ASSIGNED TASK » Apart from the images, repeat the data below exactly as written.

SUPPLIED MATERIAL »
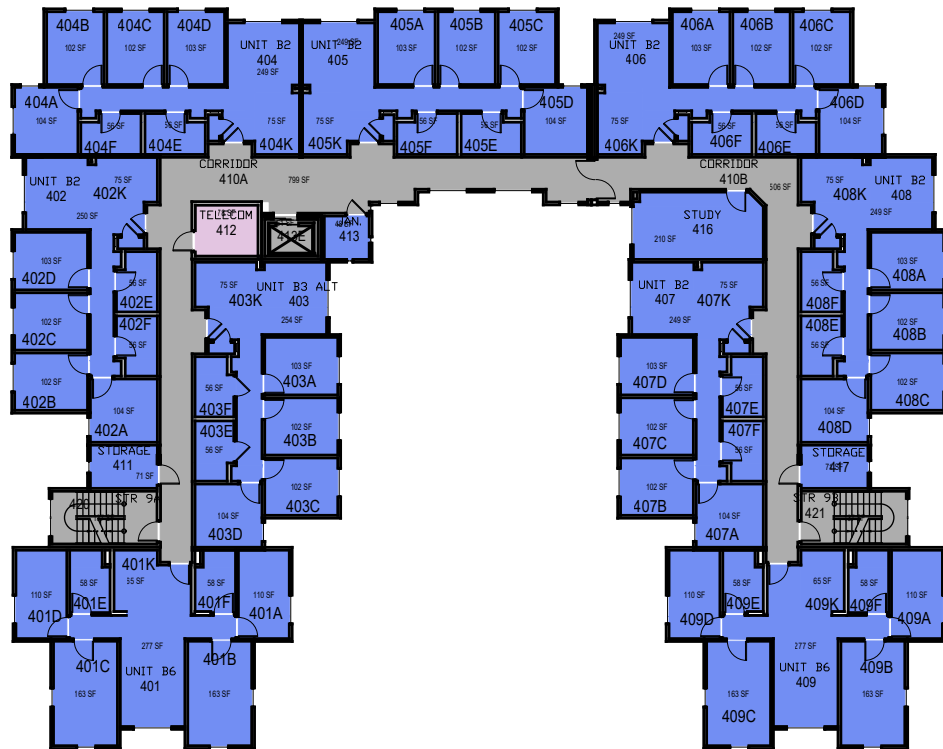

Dover
Poly Canyon Village
Floor 1

000 UNASSIGN	400 STUDY	800 HEALTH
100 CLASS	500 SPECIAL	900 RESIDENTIAL
200 LAB	600 GENERAL	
300 OFFICE	700 SUPPORT	

April 2023

1"-30'

Dover

Floor 2

000 UNASSIGN	400 STUDY	800 HEALTH
100 CLASS	500 SPECIAL	900 RESIDENTIAL
200 LAB	600 GENERAL	
300 OFFICE	700 SUPPORT	

April 2023

1"-30'

Dover

Floor 3

000 UNASSIGN	400 STUDY	800 HEALTH
100 CLASS	500 SPECIAL	900 RESIDENTIAL
200 LAB	600 GENERAL	
300 OFFICE	700 SUPPORT	

April 2023

1"-30'

Dover

Floor 4

000 UNASSIGN	400 STUDY	800 HEALTH
100 CLASS	500 SPECIAL	900 RESIDENTIAL
200 LAB	600 GENERAL	
300 OFFICE	700 SUPPORT	

April 2023

1"-30'

April 2023

Dover

Floor 5

000 UNASSIGN	400 STUDY	800 HEALTH
100 CLASS	500 SPECIAL	900 RESIDENTIAL
200 LAB	600 GENERAL	
300 OFFICE	700 SUPPORT	

1"-30'

FINISHED TASK »
Dover
Poly Canyon Village
Floor 1

000 UNASSIGN	400 STUDY	800 HEALTH
100 CLASS	500 SPECIAL	900 RESIDENTIAL
200 LAB	600 GENERAL	
300 OFFICE	700 SUPPORT	

April 2023

1"-30'

Dover

Floor 2

000 UNASSIGN	400 STUDY	800 HEALTH
100 CLASS	500 SPECIAL	900 RESIDENTIAL
200 LAB	600 GENERAL	
300 OFFICE	700 SUPPORT	

April 2023

1"-30'

Dover

Floor 3

000 UNASSIGN	400 STUDY	800 HEALTH
100 CLASS	500 SPECIAL	900 RESIDENTIAL
200 LAB	600 GENERAL	
300 OFFICE	700 SUPPORT	

April 2023

1"-30'

Dover

Floor 4

000 UNASSIGN	400 STUDY	800 HEALTH
100 CLASS	500 SPECIAL	900 RESIDENTIAL
200 LAB	600 GENERAL	
300 OFFICE	700 SUPPORT	

April 2023

1"-30'

April 2023

Dover

Floor 5

000 UNASSIGN	400 STUDY	800 HEALTH
100 CLASS	500 SPECIAL	900 RESIDENTIAL
200 LAB	600 GENERAL	
300 OFFICE	700 SUPPORT	

1"-30'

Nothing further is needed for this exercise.